Newsletter 316 April 2001
On the Move: Leaving Base Camp and Establishing Advanced Base Camp
126 yaks, each loaded with over 40 kilos (88 lbs.) of equipment, food, propane gas cylenders, rope and oxygen bottles are plying the pathways of the Rongbuk and East Rongbulk glaciers this week. Our team is moving up the hill.
The journey from Base Camp to ABC follows a 22 km (13 mile) trail, climbing to 6400 m. (21,000 ft.). ABC is situated along a thin strip of rock covered glacier, perhaps 50 meters wide and 300 meters long. This leaves hardly enough room for the 26 expeditions that hope to climb Everest this year. With a shortage of space in mind, Karsang, one of our Sherpas, ran from BC to ABC on the day he arrived, claiming a choice peice of real estate for our team.
Four days later, the rest of the climbing Sherpas and the first group of 60 yaks begin their two day journey to ABC. Today, a third of the climbing team left BC for interim camp, a camp we place half way along the route. Tomorrow, six more climbers, Russ, Asmus and 60 more yaks will leave. On April 18th, Chris and four North Col trekkers will finally wave goodbye to the relative warmth and comfort of BC.

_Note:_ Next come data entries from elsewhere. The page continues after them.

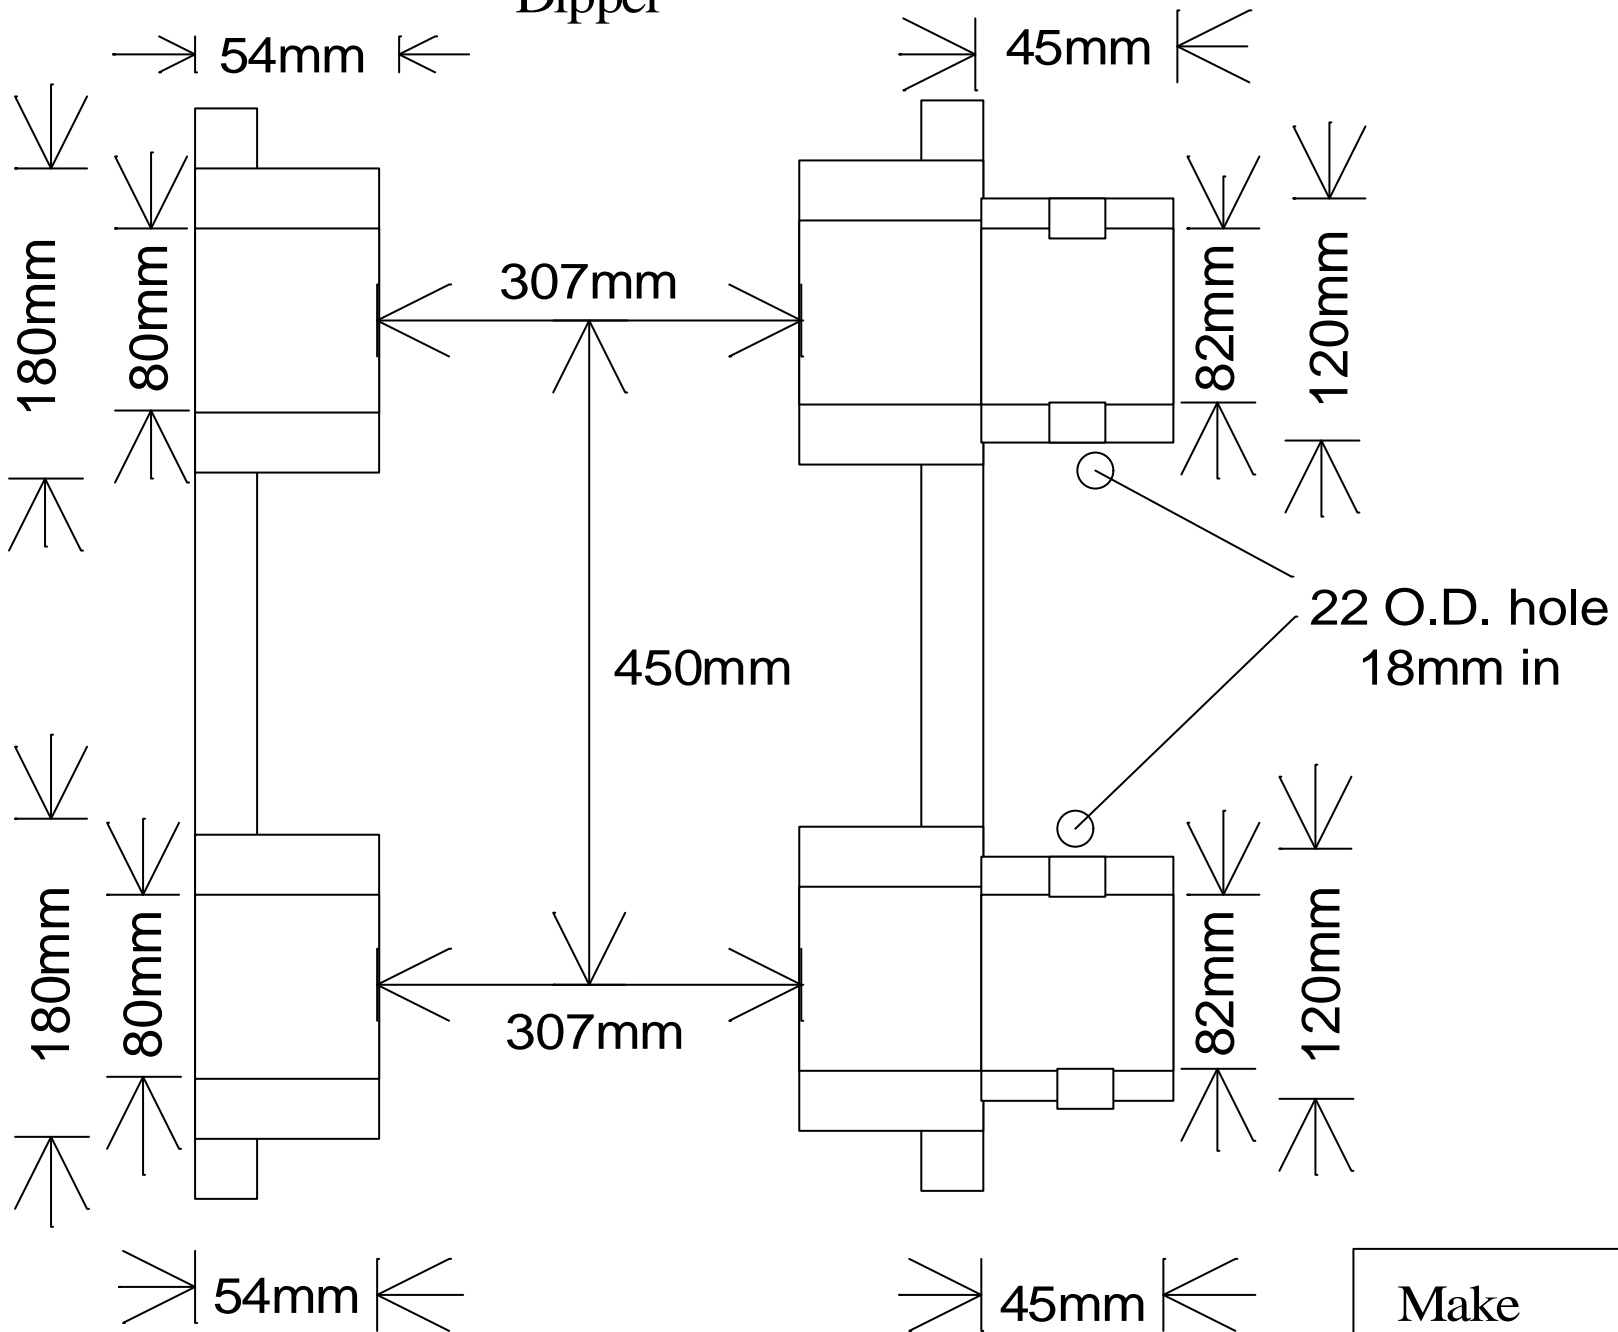

Dipper

Make	Sumitomo
Model	SH200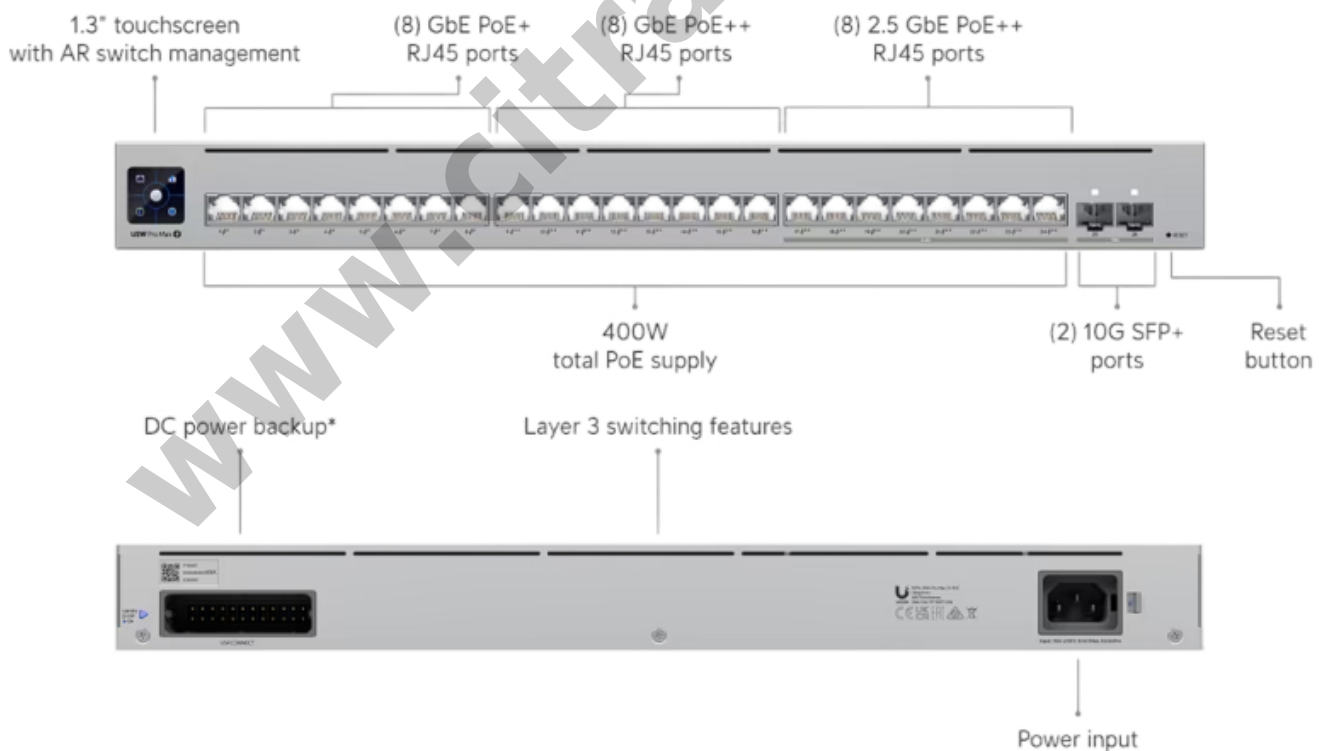

Pro Max 24 PoE UNIFI UBIQUITI 24-Port POE with 2-Port SFP+ 10G Switch

Kode : USW-Pro-Max-24-PoE

Brand : Ubiquiti

Jenis : Switch Managed POE

Harga : Rp 14.572.000,00

USW-Pro-Max-24-PoE UniFi 24-port, Layer 3 Etherlighting switch with 8-port GbE PoE+, 8-port GbE PoE++, 8-port 2.5 GbE PoE++, 2-port SFP+ 10G and versatile mounting options.

Produk ini merupakan produk Fix Price. Pembelian produk tidak dapat menggunakan diskon apapun.

Penawaran Harga Spesial

08112039555

Specification

Model	USW-Pro-Max-24-PoE
Ports	1 GbE RJ45 : 16 (8 PoE+; 8 PoE++) 2.5 GbE RJ45 : 8 (All PoE+) 10G SFP+ : 2
Total PoE Availability	400W
Max. PoE Wattage per Port by PSE	PoE : 15.4W PoE+ : 32W PoE++ : 64W
Layer Type	Layer 3
Switching capacity	112 Gbps
Total Non-Blocking Throughput	56 Gbps
Forwarding rate	83 Mpps
Supported VLANs	1000
MAC address table	16000
L3 Table Size	ARP Entries : 6000
Packet Buffer Size	1.5 MB
Dimensions (W x D x H)	442 x 325 x 44 mm
Max. Power Consumption	50W (Excluding PoE Output) 450W (Including PoE Output)
Power Method	(1) Universal input, 100—240V AC, 50/60 Hz (1) USP RPS DC input
Power Input Method	AC input
Power Supply	AC/DC, internal, 550W
Supported Voltage Range	100—240V AC
Management	Ethernet AR
Heat Dissipation (Excluding PoE Output)	170.6 BTU/hr
Enclosure Material	SGCC steel
Supported Rack Depth	400~1200 mm (15.7-47.2")
LCM Display	1.3" touchscreen
Ambient Operating Temperature	-5 to 40 C (23 to 104 F)
Ambient Operating Humidity	10 to 90% noncondensing
Certifications	CE, FCC, IC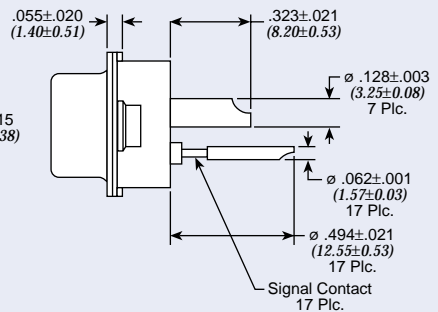

Filtered Combo D-Subminiature Connectors 24W7

Socket - Solder Cup

Only represents a few of our available configurations. Consult factory for more information.

Dimensions in inches (mm)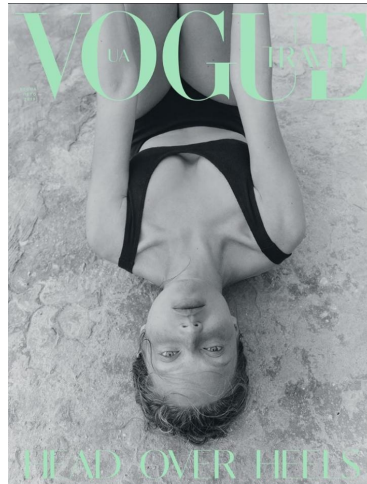

# KARIN

---

MODELS AGENCY

---

Melissa GATEAU

Height : 5'8" / 173 cm | Bust : 34.5" / 88 cm | Waist : 25" / 63 cm | Hips : 35" / 89 cm | Shoe : 7.0 US / 5.0 UK | Hair Colour : Blonde | Eyes : Blue

# KARIN

MODELS AGENCY

Melissa GATEAU

Height : 5'8" / 173 cm | Bust : 34.5" / 88 cm | Waist : 25" / 63 cm | Hips : 35" / 89 cm | Shoe : 7.0 US / 5.0 UK | Hair Colour : Blonde | Eyes : Blue

**KARIN**  
MODELS AGENCY

**Melissa GATEAU**

Height : 5'8" / 173 cm | Bust : 34.5" / 88 cm | Waist : 25" / 63 cm | Hips : 35" / 89 cm | Shoe : 7.0 US / 5.0 UK | Hair Colour : Blonde | Eyes : Blue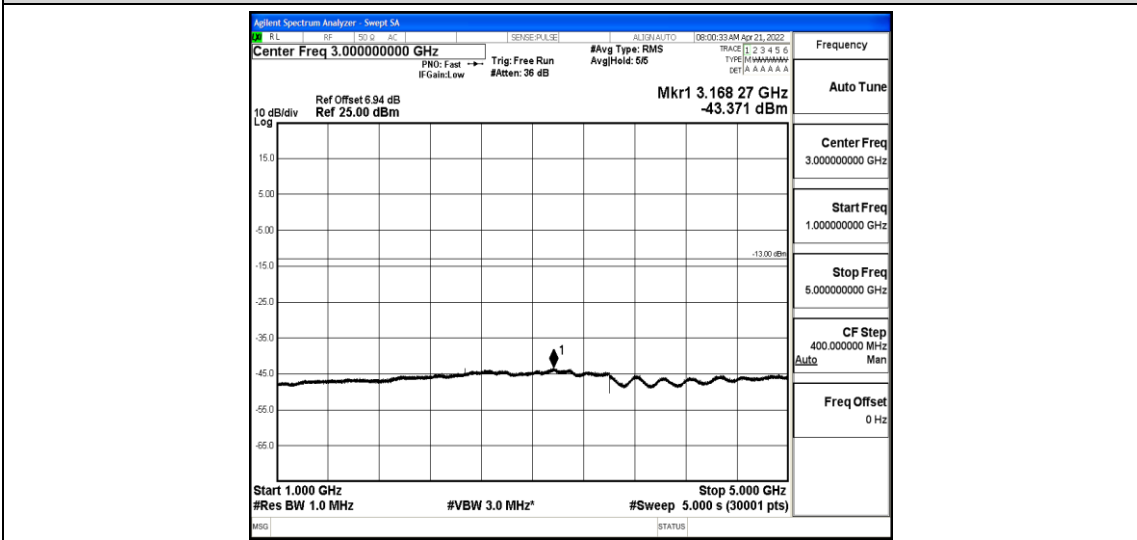

Band26-5MHz-QPSK-27015-1-0-High-1000-5000--43.04-PASS

Band26-5MHz-QPSK-27015-1-0-High-5000-12000--58.67-PASS

Band26-5MHz-QPSK-27015-1-0-High-12000-26500--43.94-PASS

Band26-5MHz-16QAM-26815-1-0-Low-30-1000--36.59-PASS

Advanced Base Camp is really the launching point for the climb. This camp is the highest place that the yaks can climb to. It is probably the highest place in the world accessed by yaks. (Camels climb a bit higher on Mustagh Ata, a mountain in Kashgar).
It will be good to move above BC. While it is lower, warmer and more hospitable in most ways, we are here to climb some this hill we've been gazing at for a week now. A lot of us are getting antsy here, despite the excellent peaks we have been climbing and the wonderful moments of relaxation we have earned, (it is hard to beat the simple pleasure of laying in a sun warmed tent, reading a book). Most of us feel as if we are getting too fat, here. The food has been so good, and Russ has stocked up on all sorts of goodies. While we have plenty of potato chips, fresh yak meat and chocolate covered Easter eggs, we are consuming over 0.5 kilos of coffee every day. Do the math: we brought 25 kilos for a 60 day expedition.
By the evening of April 2Oth all of the climbers will be in ABC. I'd imagine that by that time, some of our Sherpas will have struck out for higher camps, establishing at least a simple tent at each of the four high camps, weather permitting, in barely a week. Meanwhile the rest of us will start the long, hard process of stocking each camp with the sleeping bags, oxygen, stoves, cooksets, medical supplies and other gadgets we will need.
At this stage in the expedition, everyone is healthy and happy. Not even a cough can be heard among us. We're cautiously optimistic.
A quick weather report: we arrived to a black mountain, with the thinnest of snow cover in the deepest couliors and barely any snow patches on the faces. Two days ago it snowed, dumping 3 inches at BC, but over a foot high on the mountain. Since then a little more snow has fallen. High winds have blown some of the faces clean, while creating cornices on many of the ridgelines. The high winds would prevent any work from being done high on the hill either yesterday or today. Base camp is clear of snow, windy but warm.